Ces mots anciens qui freinent les idées neuves : #5 condamner

Cet été nous proposons une série des mots qui servent à parler des conditions de vie des enfants après séparation de leurs parents. Nous sommes allés voir du côté de « famille monoparentale ». Nous avons aussi exploré « droit de visite et d’hébergement ».

Cette semaine nous proposons de visiter le mot « condamné » que les parents trouvent souvent écrit sur la décision de justice quand ils se sont séparés et qu’ils ont fait appel au juge des affaires familiales.

Nous avons signalé la semaine dernière comment pouvait paraître humiliant, pour un parent, souvent le père, de passer du statut de parent à celui de simple bénéficiaire d’un « droit de visite et d’hébergement » de ses propres enfants.

Le même genre d’humiliation peut être ressentie lorsque ce même parent se voit « condamné » à verser une contribution à l’entretien et à l’éducation de ces mêmes enfants.

Prenons trois exemples, à partir de trois décisions de justice : une résidence pleine chez le père, un arrangement classique élargi chez la mère et une résidence alternée égalitaire.

Trois parents différents, tous condamnés à payer

Dans la première situation, le père demande la résidence pleine de l’enfant à son domicile à la place d’un droit de visite élargi. Le tribunal « FIXE la résidence de ZZ [l’enfant], au domicile de monsieur XX [le père]. Dit que le droit de visite et d’hébergement de madame YY [la mère] s’exercera à l’amiable et à défaut d’accord, selon les modalités suivantes les fins de semaines impaires du vendredi sortie d’école au dimanche 18h30. Fixe à la somme de 100 euros par mois, la contribution de madame YY pour l’entretien et l’éducation de l’enfant. CONDAMNE en tant que de besoin madame YY à payer cette somme à monsieur XX. »

Dans la deuxième situation, l’enfant est en résidence pleine chez la mère, le père demande une résidence alternée égalitaire et le juge décide une résidence alternée inégalitaire (soit, avec les mots de la justice, un arrangement « classique élargi »). Le tribunal « MODIFIE le droit de visite et d’hébergement de XX [le père] pendant les périodes scolaires et lui accorde un droit s’exerçant du jeudi soir des semaines paires du calendrier au mardi matin suivant. FIXE à 1.200 euros le montant de la contribution mensuelle du père à l’entretien et l’éducation de chaque enfant et le CONDAMNE en tant que de besoin à payer cette somme à YY [la mère]. »

Dans la troisième situation, le père demande la résidence des enfants en alternance au domicile de chacun de leurs parents.

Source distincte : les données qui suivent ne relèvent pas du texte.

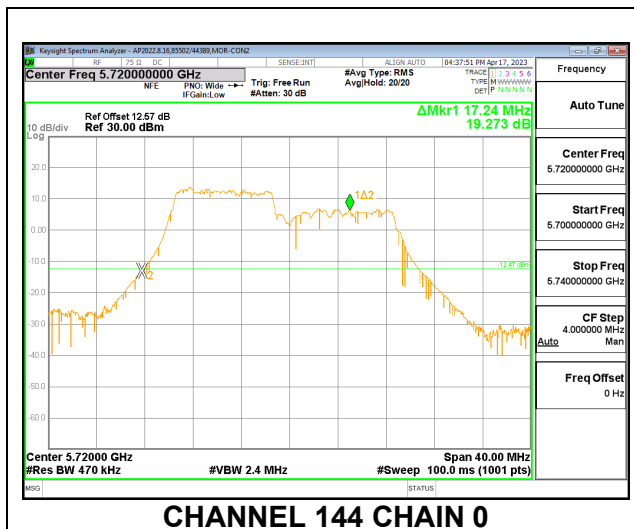

CHANNEL 144

Le tribunal décide que cette modalité est conforme à l’intérêt supérieur des enfants, « fixe à 200 euros le montant de la contribution mensuelle du père à l’entretien et l’éducation de chaque enfant et CONDAMNE XX [le père] en tant que de besoin à payer cette somme à YY [la mère]. »

« Condamner » veut dire « obliger » ou « punir »

Dans les trois situations, les revenus et les charges des deux parents ne sont pas équivalents. Le tribunal décide d’une somme pour compenser le déséquilibre. Cette contribution, souvent appelée pension alimentaire, est à payer par l’autre parent.

Le vocabulaire de la justice utilise alors le verbe « condamner » pour indiquer l’obligation de payer.

Le sens populaire du verbe « condamner » n’a pas du tout le même sens. Dans le vocabulaire courant, ce sont les coupables de méfaits qui sont condamnés à des amendes ou à des peines qui réduisent leurs droits ou leur liberté.

On peut supposer que de nombreux parents font une confusion entre ces deux significations et pensent que celui qui est « condamné » à payer et quelque part « puni ».

Changer les mots pour améliorer la coparentalité

Dans les trois situations précédentes, chaque parent doit ASSUMER sa contribution à l’entretien et l’éducation des enfants. Pour le dire, la justice les « CONDAMNE » à payer.

Le groupe de travail sur la coparentalité, et le conseil économique et social, souhaitent mieux faire comprendre aux parents ce que c’est que la coparentalité à travers des informations spécifiques.

Le changement des mots de la justice familiale pourrait contribuer à cette amélioration.